Google launches Gemini 2.5 Flash-Lite and makes 2.5 Flash and 2.5 Pro widely available
Google has announced the full availability of its Gemini 2.5 Flash and Gemini 2.5 Pro AI models for production use, marking a significant milestone in AI development. The latest expansion of the Gemini 2.5 series also includes the preview release of Gemini 2.5 Flash-Lite, positioned as the most cost-effective and fastest model in the lineup. "Our Gemini 2.5 series is designed as a range of hybrid reasoning models that deliver exceptional performance while achieving Pareto-optimal efficiency in both cost and speed," stated the company. "Today's launch of the stable versions of 2.5 Pro and Flash represents our next critical step, complemented by the Flash-Lite preview - our most economical and rapid model to date."
The transition from preview to full deployment of Gemini 2.5 Flash and Pro has benefited from extensive feedback across enterprise and developer communities. Major companies including Snap, SmartBear, Spline, and Rooms have already integrated these models into their application ecosystems. The newly introduced Gemini 2.5 Flash-Lite is specifically optimized for workloads requiring speed and efficiency, currently available in preview mode for developer evaluation. With its architecture prioritizing low-latency processing and reduced computational resource consumption, Flash-Lite becomes ideal for large-scale applications demanding both cost-effectiveness and quick response times.
While maintaining a compact design, Flash-Lite preserves core capabilities of the Gemini 2.5 series including 1M-token context window support for handling extensive documents, dialogues, and codebases. The model integrates with Google's search and code execution tools to process multimodal inputs and deliver precise responses across diverse tasks. All models in the Gemini 2.5 series utilize the Mixture-of-Experts (MoE) architecture, which selectively activates only relevant neural network components based on input prompts, optimizing hardware utilization and reducing inference costs.
These models represent the first generation trained on Google's in-house TPUv5p AI chips, leveraging enhanced software clusters to address training challenges. The production-ready status of Gemini 2.5 Pro and Flash ensures reliable performance for complex tasks like advanced coding, sophisticated reasoning, and multimodal understanding, while differentiating model selection based on performance requirements (Pro for power, Flash for speed, and Flash-Lite for ultimate efficiency).

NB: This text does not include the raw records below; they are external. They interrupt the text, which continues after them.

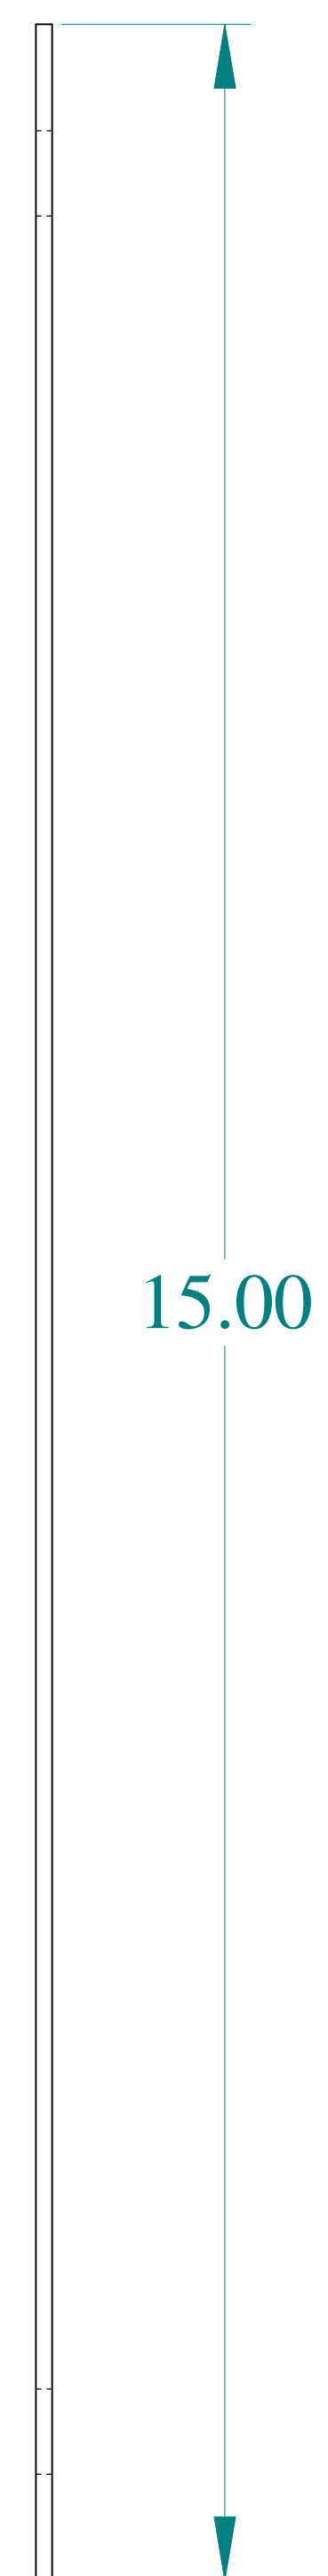

TOP VIEW

FRONT VIEW

SIDE VIEW

SIDE VIEW

ISOMETRIC VIEW

**HAMMOND  
MANUFACTURING®**

**W** www.hammondmfg.com

Data subject to change without notice.

Part # : 18P1515

Date : Feb 7, 2020

[Link:www.hamfmg.com/18P1515](http://www.hamfmg.com/18P1515)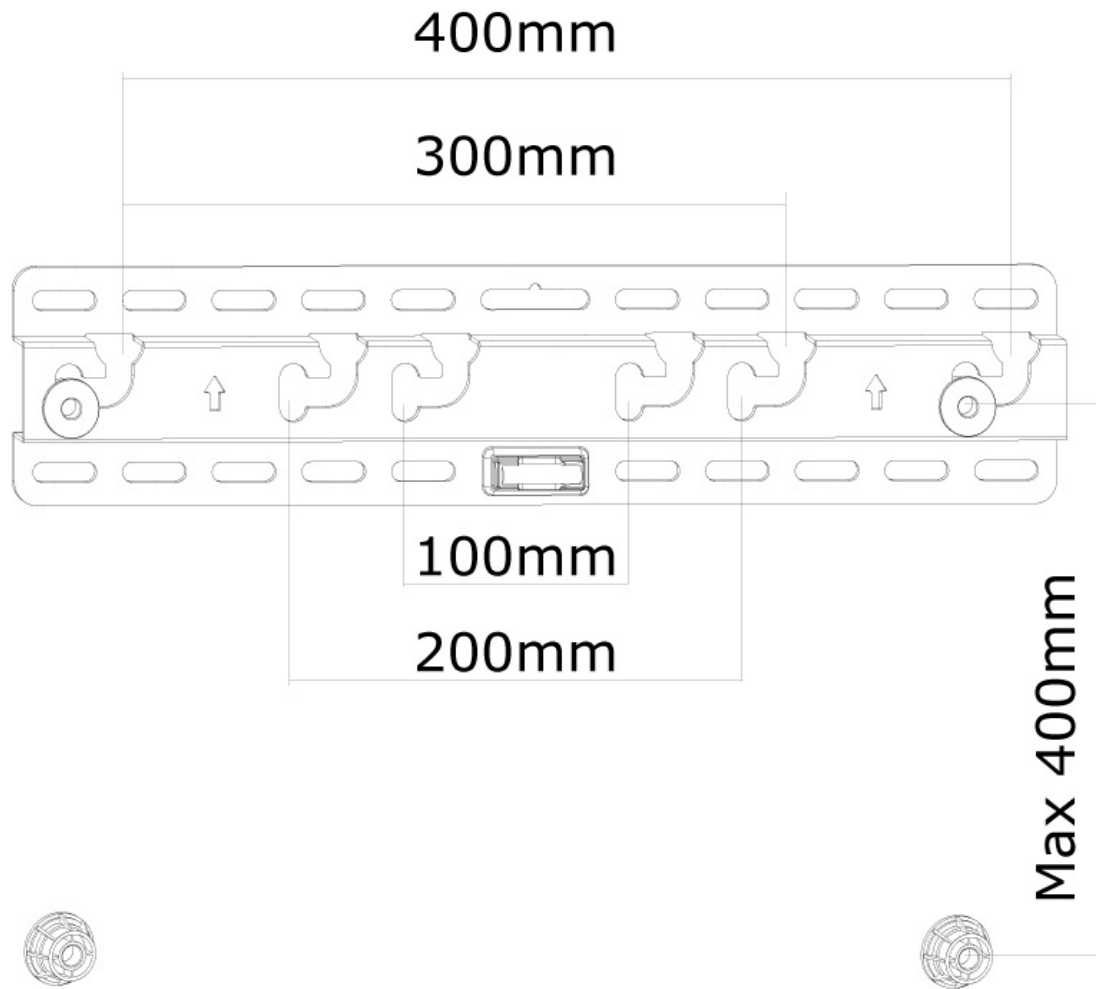

LED-W040

NEOMOUNTS LED-W040 TV MOUNT WALL 23-52" - ULTRA-FLAT

SPECIFICATIONS

GENERAL

Min. screen size*	23
Max. screen size*	52
Max. weight	50
Screens	1
Distance to wall	1,5-3 cm
VESA maximum	400x400 mm
VESA minimum	100x100 mm

FUNCTIE

Type	Fixed
Adjustment type	None

INFORMATION

Color	Black
Main material	Steel
Warranty	5 year

*Please note: The inch sizes stated are just an indication, combined with the weight and VESA sizes. The maximum weight and VESA size are absolute restrictions for the products and should not be exceeded.

Neomounts

Neomounts

Neomounts LED-W040 Ultra-flat TV mount wall - 23-52" - max 50 kg - VESA 100x100-400x400 - d 1,5-3 cm - black

The Neomounts wall mount, model LED-W040 is a fixed wall mount for flat screens up to 52" (132 cm). This mount is a great choice when you want the ultimate viewing flexibility with your flat screen. Depth of this mount is 1,5 to 3 centimetres.

Neomounts LED-W040 is suitable for screens up to 52" (132 cm). The weight capacity of this product is 50 kg each screen. The wall mount is suitable for screens that meet VESA hole pattern 100x100 to 400x400mm. Different hole patterns can be covered using Neomounts VESA adapter plates.

Create a clean design ambiance for your flat screen TV in the living room, bedroom or home cinema.

All installation material is included with the product.

LED-W040

NEOMOUNTS LED-W040 TV MOUNT WALL 23-52" -
ULTRA-FLAT

Neomounts

Developers can access stable versions of Gemini 2.5 Flash and Pro through Google AI Studio, Vertex AI, and the Gemini app. The preview version of Flash-Lite is available via Google AI Studio and Vertex AI, with customized variants already integrated into Google Search to enhance AI-powered search functionalities. The pricing structure for the expanded Gemini 2.5 series reflects varying capabilities and use cases: Flash-Lite offers the most economical entry point at $0.10 per million input tokens (text/images/video) and $0.40 per million output tokens, while Flash is priced at $0.30 per million input tokens and $2.50 per million output tokens.